エルハンドと汐耶、お酌の亜真知のおとなしく飲む大人組は、
「面白い見せ物になっているな」
「無茶しない程度ですからね」
 と、笑って眺めている。
 どんちゃん騒ぎするのは当たり前である。其れに目くじら立てる事はないだろう。

 なにせ、どっちも気があるようだし。


4.宴終了
 シュラインが既にビニールなど所持し、皆でてきぱき掃除を始める。
 その後は各自バラバラに気ままな時間となった。

「麗花さん許してください。不可抗力ですって」
 と、帰りに何度も謝る裕介。
「知りません!」
 未だ赤面中の麗花。
 因みにユリウスはと言うと……飲み過ぎたのか、また誰かに和菓子を無理矢理食わされたのか失神してので、弟子を呼びだし運ばせた。


 しかし今考えると2人きり。
 さてこの騒動で、麗花はどう思っているか……
「裕介さん……ほんとなら……」
「なんですか?」
「あんな所でして欲しくなかった……」
 と、麗花は少し泣いていた。
 今までシスターであるために精神力が強かったし、元から男嫌い。しかし、裕介という存在を知ってから、心は揺らぐ。
「済みません」
 裕介は彼女を優しく抱きしめる。
「暖かい♪」
 
――この時だけは我らの父に許して貰おう。
 と、麗花は思った。
 裕介は彼女の涙を指で拭う。
 そして、額に軽くキスをして、
「暫く桜を見ながら帰りませんか?」
 と、彼女を誘う。
 赤面する麗花だが……
「はい」
 裕介の手を握り、今までとは違う笑顔で裕介と一緒に歩いた。

 春の始まり。

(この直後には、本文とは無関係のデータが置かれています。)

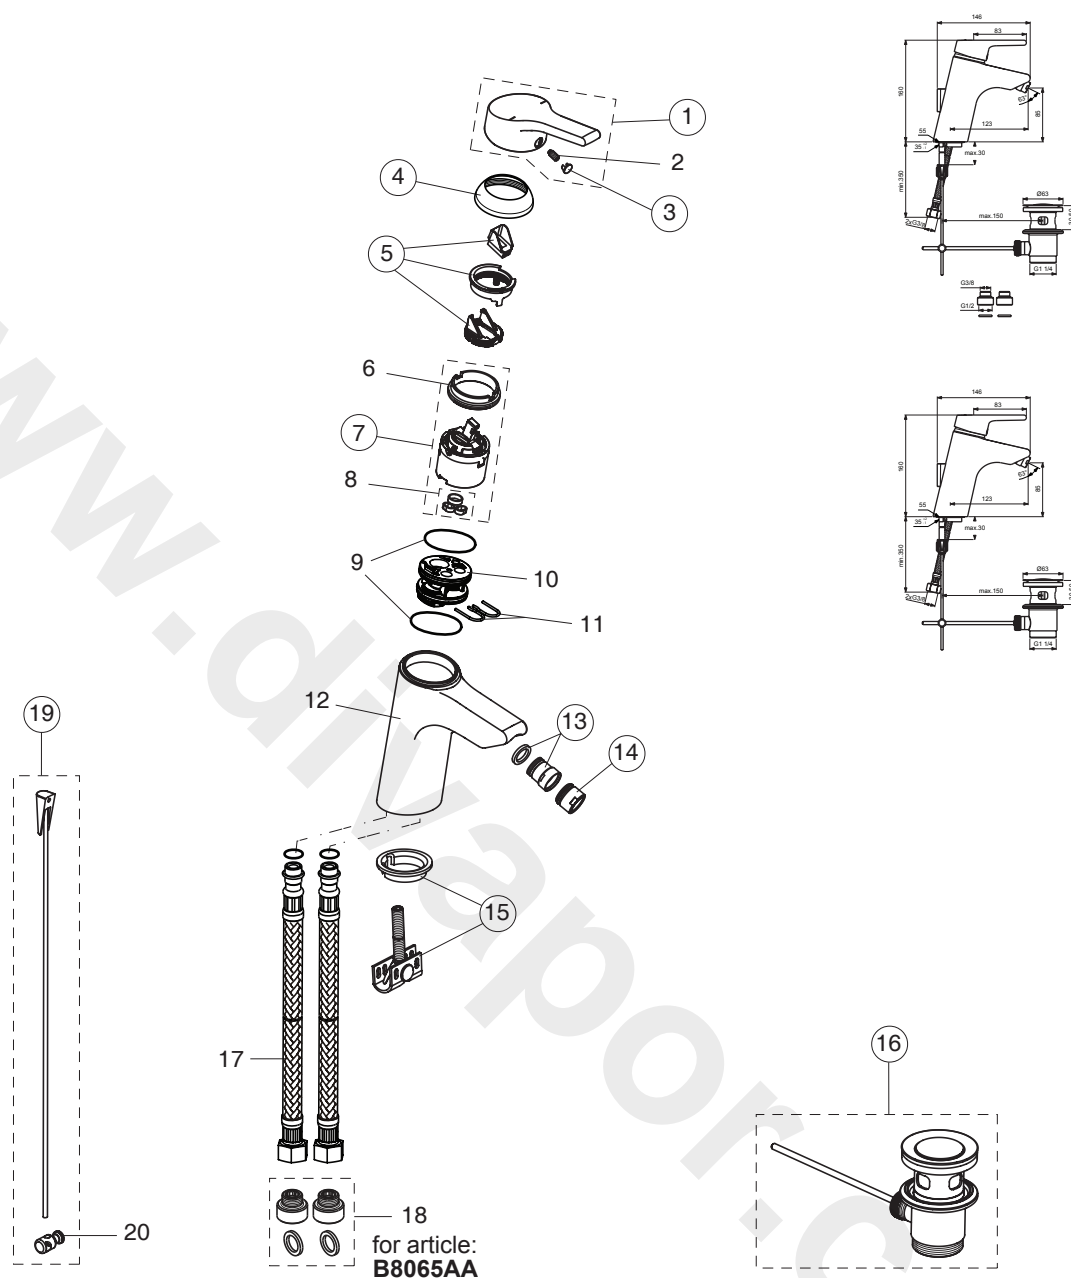

ACTIVE (B8064AA;B8065AA;B8664AA)

for article:
B8065AA

Pos.	Signify	Spare parts-Nr.	Quantity	Pos.	Signify	Spare parts-Nr.	Quantity
1	Lever,w/logo ISI-compl.	B960673AA	1 Pcs.	14	Aerator M18x1	B964902AA	1 Pcs.
2	Screw M5x10		1 Pcs.	15	Connecting set	A960949NU	1 Set
3	Cap decorative	B960473AA	1 Pcs.	16	Pop-up drain ass.	A962991AA	1 Pcs.
4+6	Cap	B960862AA	1 Pcs.	17	Flex hose F3/8-D10.5 L445mm		2 Pcs.
5	Eco click set D40	B960477NU	1 Pcs.	18	Nipple G 3/8-G 1/2-compl.		1 Set
6	Screw M43x1.5 M41x1.5		1 Pcs.	19	Pull-up rod-compl.	B960479AA	1 Set
7	Cartridge Ø40mm	B960863NU	1 Pcs.	20	Pop up waste shackle		1 Pcs.
8	O-Ring-set		1 Set				
9	O-Ring Ø35x2		2 Pcs.				
10	Manifold		1 Pcs.				
11	Clip		2 Pcs.				
12	Body bidet		1 Pcs.				
13	Swivel adaptor for alchemy mono bidet	A960019AA	1 Pcs.

この先2人には壁が多いだろうが、今は其れを考えず……。


End

■登場人物
【0086 シュライン・エマ 26 女 翻訳家&幽霊作家+草間興信所事務員】
【0170 大曽根・千春 17 女 メイドな高校生】
【0328 天薙・撫子 18 女 大学生・巫女・天位覚醒者】
【0461 宮小路・皇騎 20 男 大学生・財閥御曹司】
【1098 たなか・ゆうすけ? 18 男 なんでもや? とか メイド魔神(今回あまりその返無いけど)】
【1449 綾和泉・汐耶 23 女 都立図書館司書】
【1593 榊船・亜真知 999 女 超高位次元知的生命体…神さま!?】
【2066 銀野・らせん 17 女 高校生(ドリルガール)】
【2181 鹿沼・デルフェス 463 女 アンティークショップの店員】
【2213 御柳・狂華 12 女 中学生&禍】
【2276 御影・蓮也 18 男 大学生 概念操者】
【3071 九条・真夜 22 女 守護者】
【2865 宮本・まさお 22 女 ロックバンド】
【3452 不動・望子 24 女 警視庁超常現象対策本部オペレーター 巡査】
【4648 狩野・宴 80 女 博士/講師】

■|Д゚)ノ 通信
|Д゚) メイド魔神キタ━━━━━━━━!!!
|Д゚) 公衆の面前でキス。むねきゅん?
|Д゚) 砂糖?
|Д゚) どだった? 魔神?

|Д゚) 麗花の性格……どげんでっしゃろ?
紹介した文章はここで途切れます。